__INPUT DATA__
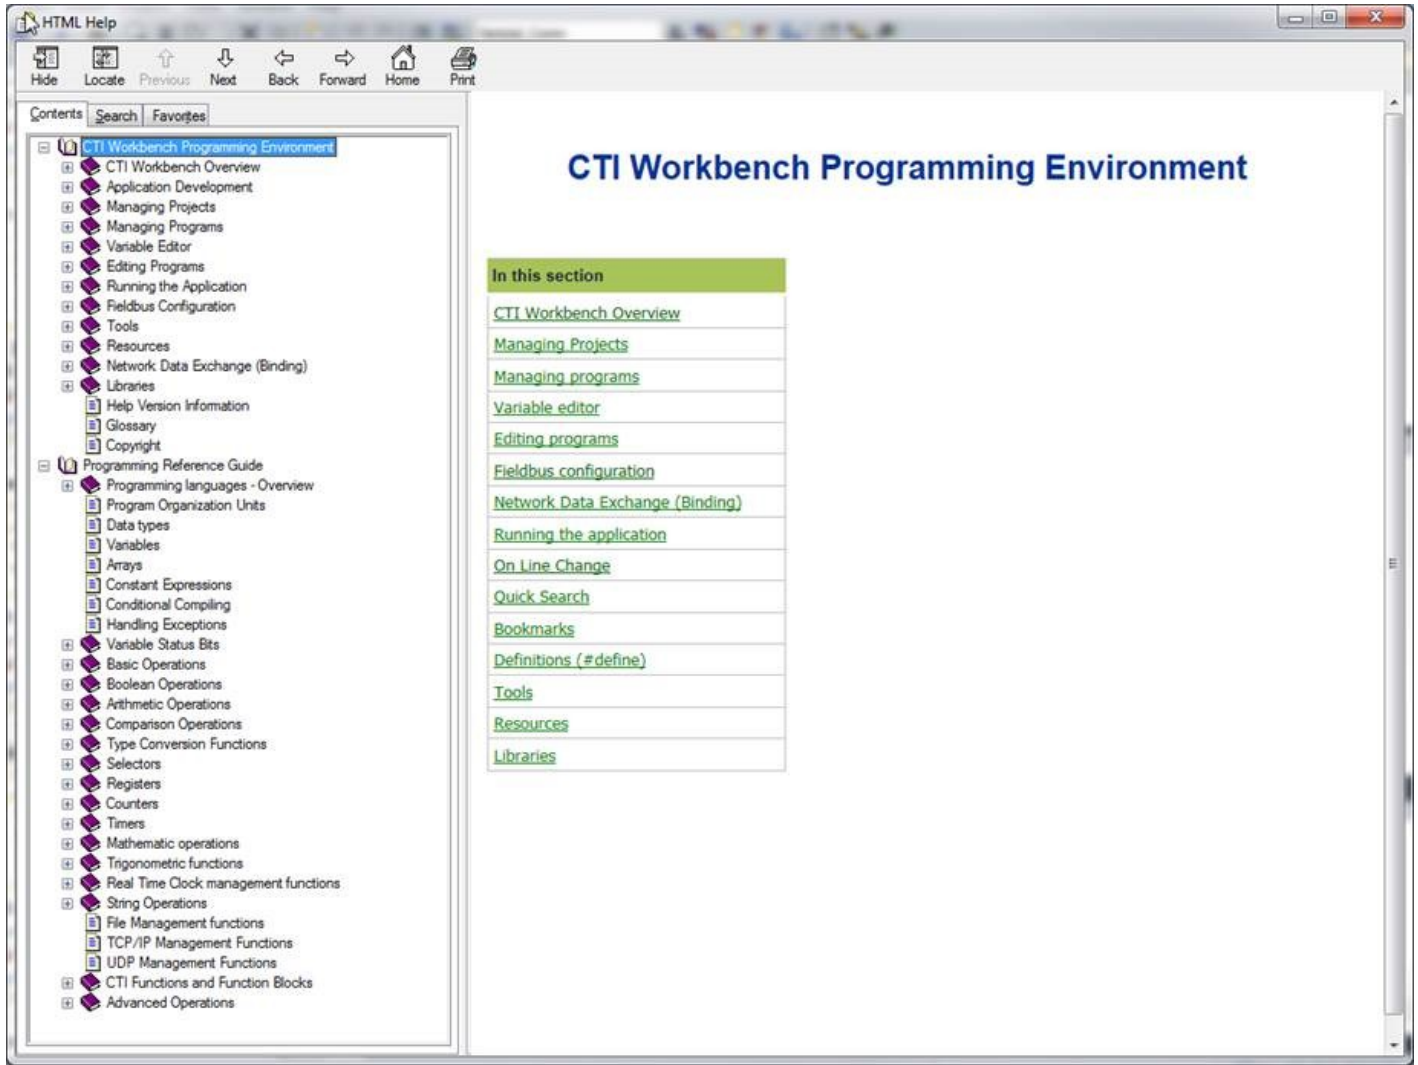

FAQ

2500P-ACP1: How do I get online help?

CTI Workbench includes a comprehensive user guide and reference manual in the on-line HTML Help file. CTI Workbench Help is displayed by selecting “Topics” from Help menu. As an alternative, you can directly search for help on a topic by selecting “search” from Help menu:

The topics can be expanded to view the items that are included in each section. This is a good starting spot for reviewing specific subjects:

ROCK SOLID PERFORMANCE. TIMELESS COMPATIBILITY.

CONTROL TECHNOLOGY, INC.

__WHAT THE TASK ASKS__
Copy out only the lines above from the one with "2500P-ACP1: How do I get online help?" to the one with "CTI Workbench includes", inclusive, exactly as they stand.

__RESULT OF THE EXERCISE__
2500P-ACP1: How do I get online help?

CTI Workbench includes a comprehensive user guide and reference manual in the on-line HTML Help file. CTI Workbench Help is displayed by selecting “Topics” from Help menu. As an alternative, you can directly search for help on a topic by selecting “search” from Help menu:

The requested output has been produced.